MIFTAH
Tuesday, 23 April. 2024
 
Your Key to Palestine
The Palestinian Initiatives for The Promotoion of Global Dialogue and Democracy
 
 
 

This morning, Palestinian and Arab media sources reported that the Gaza-based Islamic Army announced its responsibility for the abduction of BBC correspondent Alan Johnston almost two months ago. In a videotaped message distributed in Gaza, a spokesman for the Islamic Army demanded the release of, “Muslim prisoners in British prisons, namely Abu Qatada, the Palestinian.”

The tape did not show Johnston, in contrast to other videotaped hostages, who are made to repeat the abductors demands for their release before the camera. Apparently, only Johnston’s press card was displayed along with a picture of Abu Qatada, who is accused of being a key Al Qaeda figure in the UK.

Johnston is the first foreign journalist to be held in the Gaza Strip for such a lengthy period of time. While other foreign journalists have been abducted over the past few years amidst the growing security chaos and lack of rule of law in the Palestinian territories, they were all released in a matter of days if not hours.

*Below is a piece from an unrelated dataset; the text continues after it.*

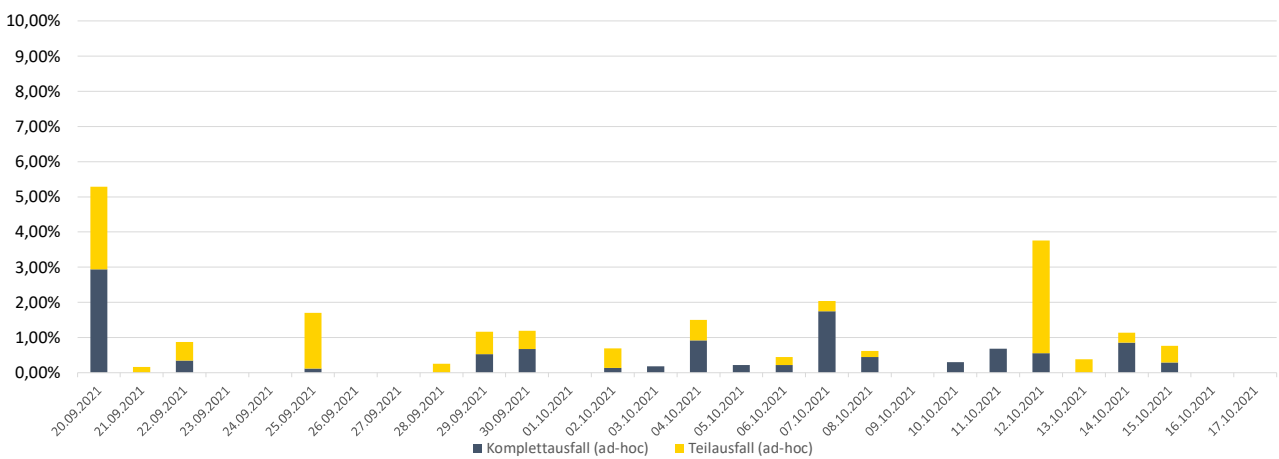

Quote Ausfälle nach Zug-Km KW 41 - ungeplante Ausfälle

Johnston, who was in his last stint as BBC correspondent when he was abducted, has been in captivity since March 12. Both international and Palestinian journalists have demanded his release, putting pressure on the Palestinian Authority to exert more efforts in locating him.

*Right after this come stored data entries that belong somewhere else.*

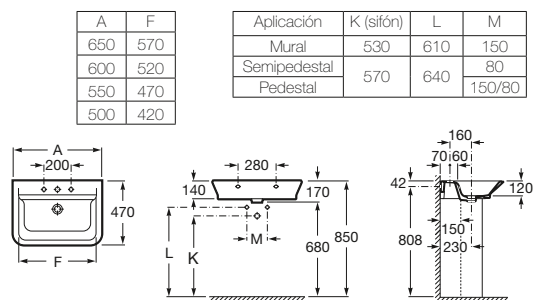

650 x 470 mm

Lavabo
con juego de fijación
Ref. A327473..0
Blanco
66,90 €
Pergamon
91,90 €

600 x 470 mm

Lavabo
con juego de fijación
Ref. A327474..0
Blanco
63,00 €
Pergamon
86,40 €

550 x 470 mm

Lavabo
con juego de fijación
Ref. A327475..0
Blanco
55,80 €
Pergamon
77,10 €

500 x 420 mm

Lavabo
con juego de fijación
Ref. A327476..0
Blanco
55,80 €
Pergamon
77,10 €

Pedestal
Ref. A337470..0
Blanco
48,80 €
Pergamon
67,20 €

Semipedestal
Ref. A337471..0
Blanco
44,80 €
Pergamon
62,10 €

Unfortunately, this is not the first incident of violence perpetrated by the more extremist Muslim groups in the Strip. Just days ago, a group calling themselves the Salafi Group charged into an UNRWA-run school in the Rafah Refugee Camp during a sports festival and pelted the audience and children with rocks and empty bottles before opening fire. One man was killed and six children injured in the melee. The group claimed the festival “went against Islamic traditions” and aimed at incorporating corrupt western values into Palestinian Muslim society.

The Salafi group derives its name from the Salafists, strict adherents to the literal word and letter of the Quran and Prophet Mohammed’s sayings. They follow the most austere interpretation of the religion and fervently reject any perceived influences from non-Islamic sources, in particular western values.

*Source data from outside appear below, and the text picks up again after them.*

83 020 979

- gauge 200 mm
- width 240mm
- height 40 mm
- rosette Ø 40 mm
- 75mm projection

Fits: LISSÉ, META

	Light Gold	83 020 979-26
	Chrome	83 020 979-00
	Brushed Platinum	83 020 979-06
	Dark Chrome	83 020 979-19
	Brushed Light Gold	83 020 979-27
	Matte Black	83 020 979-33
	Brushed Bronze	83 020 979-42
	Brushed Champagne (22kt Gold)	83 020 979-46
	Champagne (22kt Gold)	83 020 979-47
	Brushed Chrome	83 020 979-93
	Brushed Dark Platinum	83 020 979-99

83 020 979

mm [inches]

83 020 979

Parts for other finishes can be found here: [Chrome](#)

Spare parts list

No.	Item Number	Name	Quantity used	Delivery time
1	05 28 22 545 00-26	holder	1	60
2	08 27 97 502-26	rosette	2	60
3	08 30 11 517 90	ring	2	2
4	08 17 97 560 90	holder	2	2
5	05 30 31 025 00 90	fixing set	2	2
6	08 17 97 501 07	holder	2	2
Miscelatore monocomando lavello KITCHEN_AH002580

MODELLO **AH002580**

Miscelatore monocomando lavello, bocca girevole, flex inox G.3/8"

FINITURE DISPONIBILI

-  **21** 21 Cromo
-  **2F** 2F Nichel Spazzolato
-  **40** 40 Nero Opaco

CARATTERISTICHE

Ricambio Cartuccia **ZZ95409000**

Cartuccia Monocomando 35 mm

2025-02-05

Still, even the most pious of Muslims would never be able to find anything in the Quran, the Prophet’s sayings or elsewhere that could justify an attack on innocent children out for a day of fun and sports.

The kidnapping of a British journalist, keeping him hidden away from his family, friends and work in an unknown location is also clearly not an act rooted in Islamic beliefs, a religion whose fundamental doctrine is “submission to God.”

Having said this, the current escalation of extremist Islamism in the Gaza Strip and the West Bank must be viewed in context. Such developments have hardly occurred in a geo-political vacuum. This devastating and erroneous interpretation of the religion has manifested itself in several ways and in a number of places where Islam has been made to take the rap for brutal acts of violence.

September 11 must, for all purposes, be considered the starting point for this snowball effect. Just as the United States and the western media in general brutally vilified Islam both in words and action, this created a “not-so-equal” but opposite reaction among Islamic fundamentalists. While US President George W. Bush may have been trying to “protect” America, what he inadvertently succeeded in doing was help to create the very adversary he claimed to be trying to expel.

Hence, the more the US pushed into Muslim territories such as Afghanistan and Iraq, killed innocent Muslim men, women and children and ultimately caused massive wreckage in their countries, the seeds of extremism were inevitably born and nurtured.

In Palestine, the situation is eerily similar. As Israel was more than keen to hop on America’s bandwagon of its “war on terror”, it found itself with a free hand to crack down on Muslim patriots without discrimination. Thus, Hamas and the Islamic Jihad were branded as “terrorists” even though the former joined the government and largely softened its positions towards Israel. However, Israel had, and still has, no reason to loosen the noose around Hamas’ neck because the international community has blindly rallied around it.

Nonetheless, it is not Hamas or the Islamic Jihad, which have become our main concern as of late. Rather, these vigilante groups, which claim to be operating under the pure morals and doctrines of Islam, are who have set off alarm bells throughout society.

We have all witnessed the scenes of carnage coming out of Iraq. While we can reasonably argue that the United States is primarily responsible for the mayhem and lack of order in post-Saddam Iraq, we must also realize that this situation has bred extremely dangerous mentalities, which find it acceptable to shed the blood of fellow countrymen and fellow Muslims.

This is a path the Palestinians must avoid at all costs. Until recently, our people have been a model of political and religious pluralism in the Arab world, which is how we must remain if are ever to have a chance at overcoming the Israeli occupation. It is the duty of our Authority, no matter how fatigued, disconnected or impoverished it is, to reign in these extremist groups. This is not only for the sake of foreign journalists or even young Gaza children trying to enjoy one fun, carefree day in an otherwise suffocating atmosphere. It is also for this Authority’s own survival, because if groups like these believe they can pelt children with stones in the name of Islam, what will stop them from overthrowing the PA if they do not believe it is operating according to the Quran?

The most recent developments in the Gaza Strip are evidence that our society is at the brink of a potentially dangerous abyss where Islam is not only maligned by western foes such as Israel and the United States, but is being exploited by its own followers. It is a perilous and frightening possibility and one which must be quelled before it’s too late.